* What to work on *
Return every entry below word for word and leave out any picture.

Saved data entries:
┌──
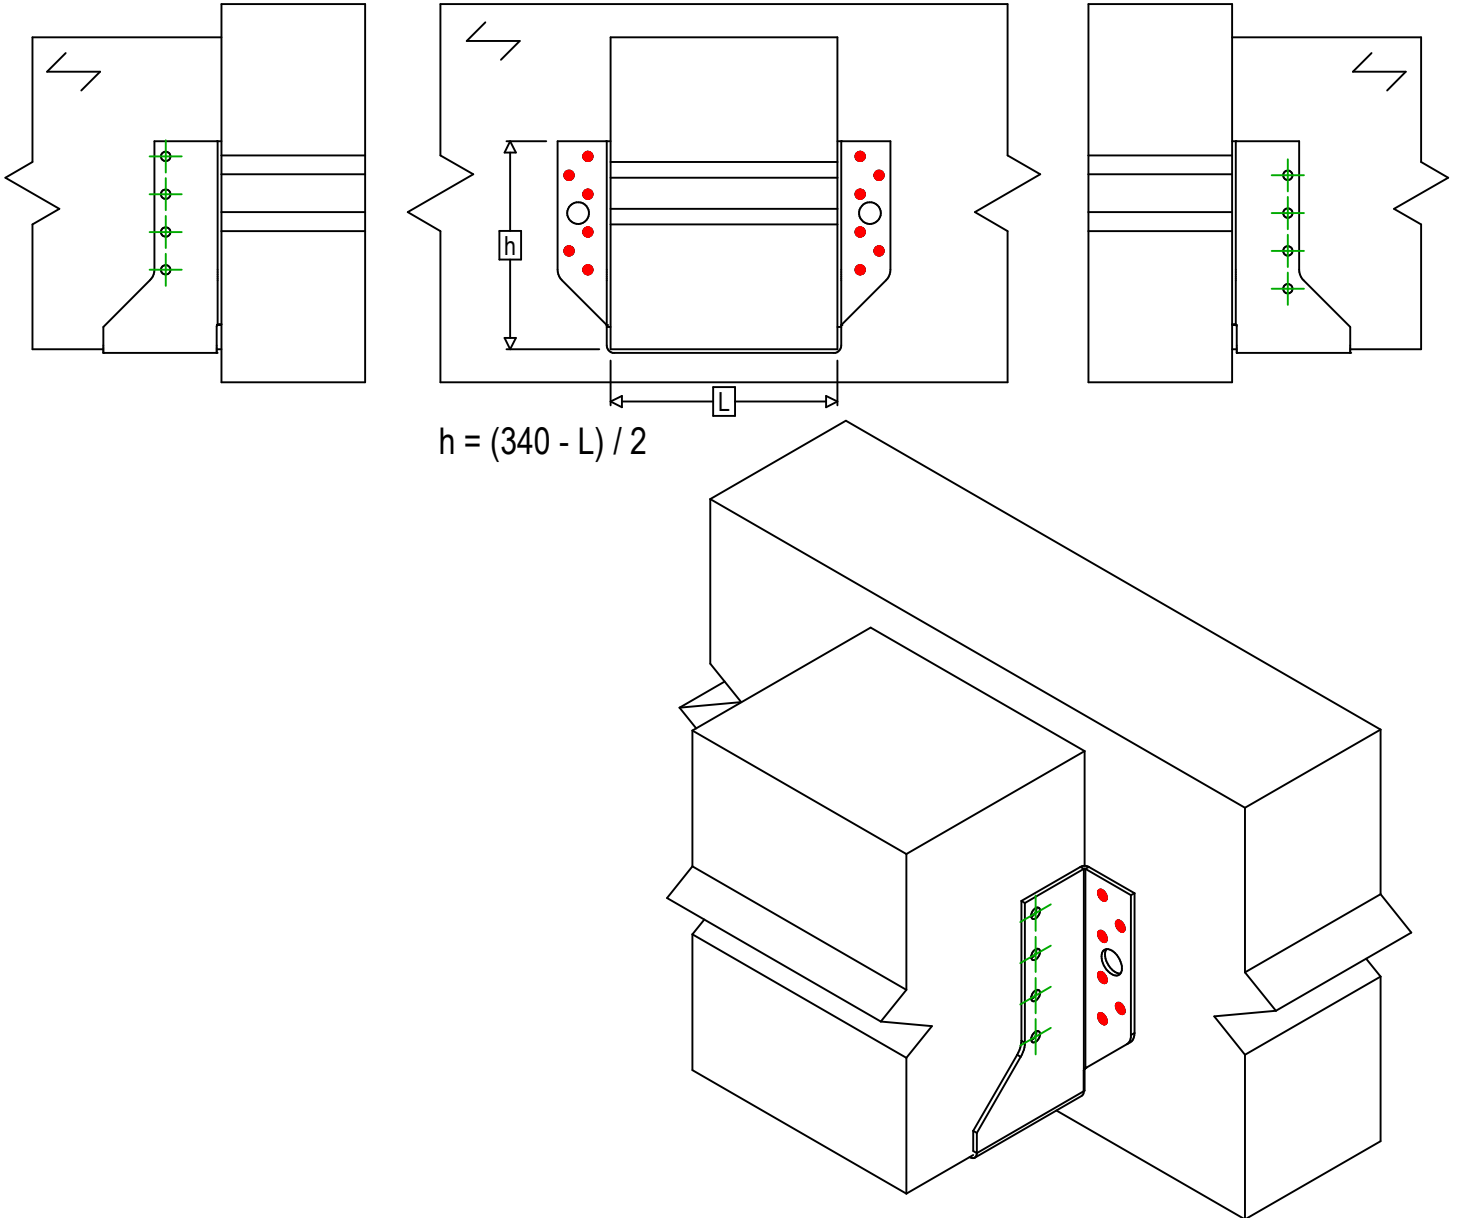

Artikelbezeichnung =	BSNN340		
Verbindungsmittel =	Holz an Holz	Nebenträger an Hauptträger	
Verbindertyp =	Vollausnagelung		

Verbindungsmittel am Hauptträger	Symbol	Verbindungsmittel	Verbindungsmittel		Anz.	
		CNA		CNA4.0X35 / CNA4.0X50		12
		CSA		CSA5.0X35 / CSA5.0X40		
-		-	-			
Verbindungsmittel am Nebenträger	Symbol	Verbindungsmittel	L < 64mm	L > 64mm	Anz.	
		CNA		CNA4.0X35	CNA4.0X50	8
		CSA		CSA5.0X35	CSA5.0X40	
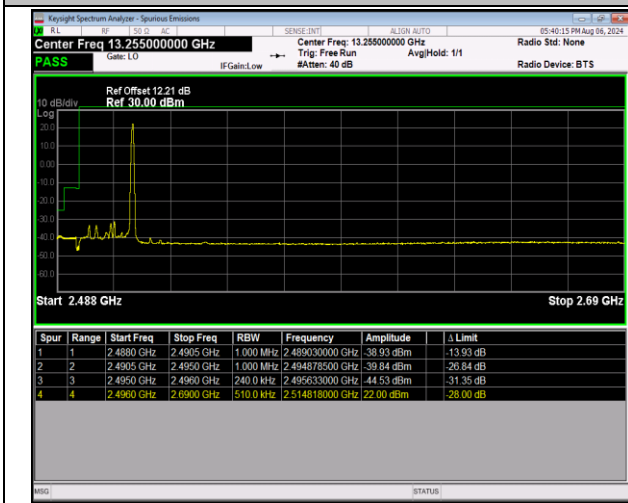

41-41-20MHz-5MHz-QPSK@QPSK-QPSK@QPSK-39750
-39867-1RB#0@100RB#0-0RB#0@25RB#0-PASS
└──
* The completed task *
Artikelbezeichnung =	BSNN340		
Verbindungsmittel =	Holz an Holz	Nebenträger an Hauptträger	
Verbindertyp =	Vollausnagelung		

Verbindungsmittel am Hauptträger	Symbol	Verbindungsmittel	Verbindungsmittel		Anz.	
		CNA		CNA4.0X35 / CNA4.0X50		12
		CSA		CSA5.0X35 / CSA5.0X40		
-		-	-			
Verbindungsmittel am Nebenträger	Symbol	Verbindungsmittel	L < 64mm	L > 64mm	Anz.	
		CNA		CNA4.0X35	CNA4.0X50	8
		CSA		CSA5.0X35	CSA5.0X40	

41-41-20MHz-5MHz-QPSK@QPSK-QPSK@QPSK-39750
-39867-1RB#0@100RB#0-0RB#0@25RB#0-PASS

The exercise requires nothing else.